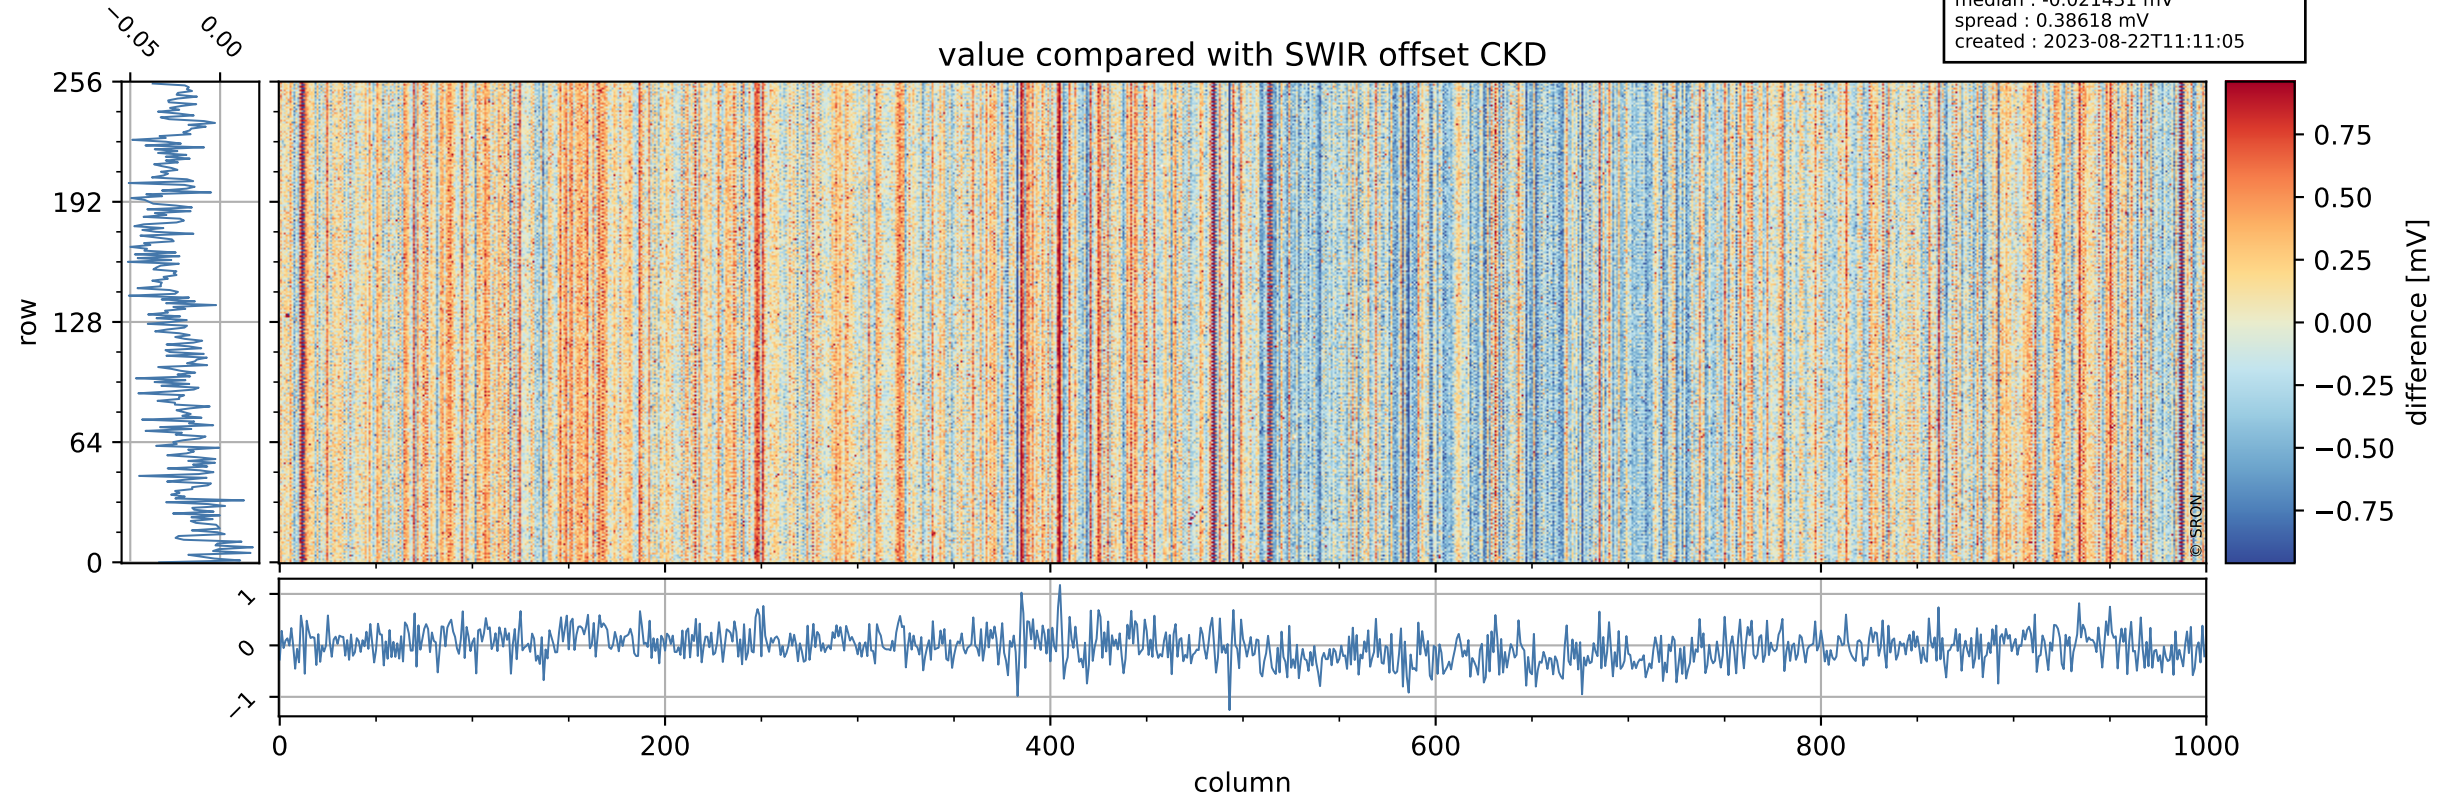

Tropomi SWIR offset (beta nominal)

orbits : 18 in [18847, 18892]
coverage : 2021-06-03 / 2021-06-06
median : 0.52599 V
spread : 0.03591 V
created : 2023-08-22T11:11:04

value detector map

Tropomi SWIR offset (beta nominal)

orbits : 18 in [18847, 18892]
coverage : 2021-06-03 / 2021-06-06
median : 31.292 μV
spread : 15.52 μV
created : 2023-08-22T11:11:04

Tropomi SWIR offset (beta nominal)

orbits : 18 in [18847, 18892]
coverage : 2021-06-03 / 2021-06-06
median : -0.021431 mV
spread : 0.38618 mV
created : 2023-08-22T11:11:05

value compared with SWIR offset CKD

Tropomi SWIR offset (beta nominal) ground-tracks of Sentinel-5P

orbits : 18 in [18847, 18892]
coverage : 2021-06-03 / 2021-06-06
created : 2023-08-22T11:11:05

Tropomi SWIR offset (beta nominal)

orbits : [1867, 18892]
coverage : 2018-02-20 / 2021-06-06
created : 2023-08-22T11:11:05

trend of detector median & temperatures

### [WHAT THE TASK ASKS]
Filter the listing above down to the lines that contain the word "spread".

### [RESULT]
spread : 0.03591 V
spread : 15.52 μV
spread : 0.38618 mV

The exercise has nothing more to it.